# Determine the volume (ml) of 0.1 N NaOH solution that will be required for the complete precipitation of nickel

Determine the volume (ml) of 0.1 N NaOH solution that will be required for the complete precipitation of nickel ions from 100 ml of a 20% solution of Ni (No3) 2 with a density of 1.191 g / cm3 Decision:
M [Ni (No3) 2] = 182.7 g / mol.
The reaction equation has the form:
Ni (No3) 2 + 2NaOH = 2NaNO3 + Ni (OH) 2 ↓
From the reaction equation it follows that 1 mol of Ni (No3) 2 reacts with 2 mol of NaOH.
From here
n [(Ni (No3) 2] = 2n (NaOH).
We calculate the mass of Ni (No3) 2 spent on the reaction, we obtain:
m [Ni (No3) 2] = [w%. V [Ni (No3) 2]. p (p-pa)] 100% = (20. 100. 1,191) / 100 = 23.82 g.

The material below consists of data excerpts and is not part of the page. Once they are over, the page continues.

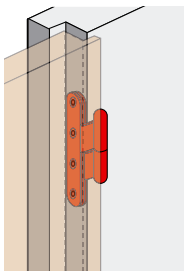

Paumelles coudées et contrecoudées "La Loutre Sedan®"

Modèle gauche

Modèle droite

J53..

Paumelle bouts ronds à bague coudée

Code Sens gauche	Code Sens droite		Dim	Coudage	Poids
J532740	J532710	Z.BLANC	110 x 60 x 70	NF 100°	0,151
J532660	J532630	Z.BLANC	110 x 60 x 70	NF 90°	0,151
J532800	J532790	Z.BLANC	110 x 70 x 80	NF 90°	0,175
J532930	J532920	Z.BLANC	140 x 60 x 70	NF 100°	0,216
J532970	J532940	Z.BLANC	140 x 60 x 70	NF 90°	0,180
J533010	J533000	Z.BLANC	140 x 70 x 80	NF 90/100°	0,237
J533039	J533019	Z.BLANC	160 x 70 x 80	100°	0,267

We find the amount of Ni (No3) 2, we get:
n [Ni (No3) 2] = m [Ni (No3) 2] / M [Ni (No3) 2] = 23.82 / 182.7 = 0.13 mol.
From here
n (NaOH) = 2n [Ni (No3) 2] = 2. 0.13 = 0.26 mol.
We calculate the volume of NaOH solution, which is required for the complete deposition of nickel ions, we obtain:
V (NaOH) = [n (NaOH). 1000] / CH (NaOH) = (0.26. 1000) / 0.1 = 2600 ml.
Answer: V (NaOH) = 2600 ml Remember: The process of learning a person lasts a lifetime. The value of the same knowledge for different people may be different, it is determined by their individual characteristics and needs. Therefore, knowledge is always needed at any age and position.